Venezuela: Maduro detiene 243 jóvenes

El gobierno justificó el despliegue de más de mil agentes antimotines para desalojar en plena noche cuatro campamentos de protesta en Caracas donde dicen se albergaban grupos que preparaban "actos terroristas".
Jueves 8 de mayo de 2014
La policía venezolana detuvo en la madrugada del jueves a 243 jóvenes en una gigantesca redada contra uno de los últimos reductos de las protestas iniciadas en febrero, horas después de que el gobierno y la oposición postergaran una nueva reunión del complicado diálogo de pacificación.

El gobierno del presidente socialista Nicolás Maduro justificó el despliegue de más de mil agentes antimotines para desalojar en plena noche cuatro campamentos de protesta en Caracas --el más nutrido frente a las oficinas de la ONU-- donde dicen se albergaban grupos que preparaban "actos terroristas".

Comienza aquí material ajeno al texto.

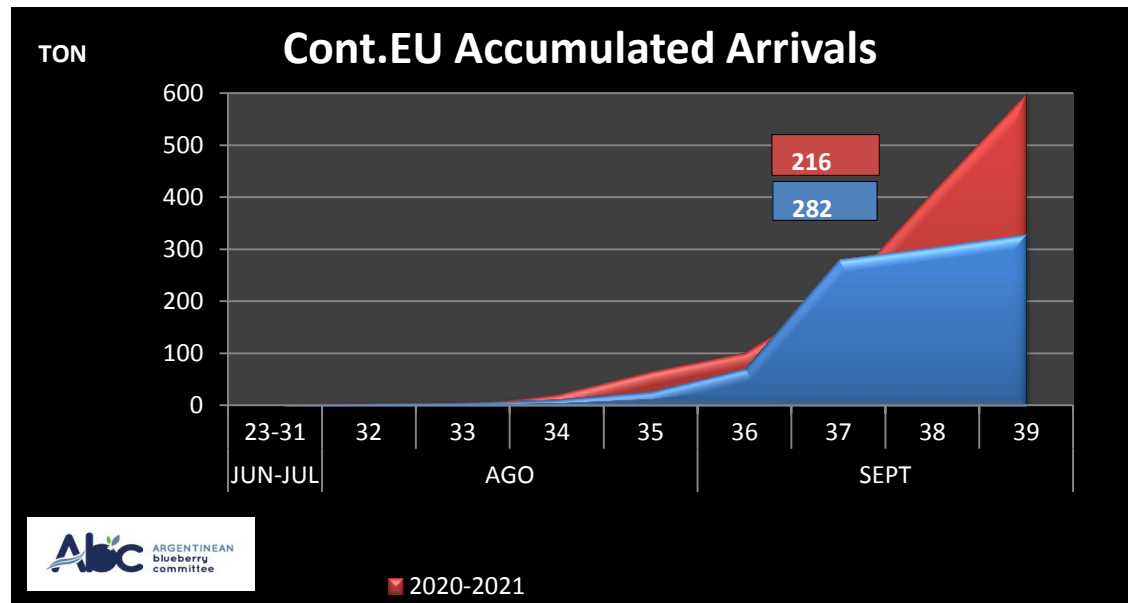

WEEKLY ARGENTINEAN BLUEBERRY ARRIVALS - ETA - 2020 / 2021 - UK

WEEKLY ARGENTINEAN BLUEBERRY ARRIVALS - ETA - 2020 / 2021 - CONTINENTAL EUROPE

"Se tenía evidencias de que de esos sitios estaban saliendo los grupos más violentos a cometer hechos terroristas: incendiar patrullas de la policía, enfrentarse con bombas molotov y con armas a los cuerpos de seguridad", dijo el ministro de Interior, general Miguel Rodríguez Torres.

El gobierno ha calificado invariablemente a las protestas iniciadas en febrero como un "intento de golpe de Estado" a cargo de grupos de la "oposición fascista" con apoyo de Estados Unidos y Colombia.

En los operativos fueron "incautadas drogas, armas, explosivos, morteros, granadas lacrimógenas y todo lo que utilizan a diario para enfrentar a los cuerpos de seguridad", afirmó el ministro, quien fue jefe de los servicios de inteligencia.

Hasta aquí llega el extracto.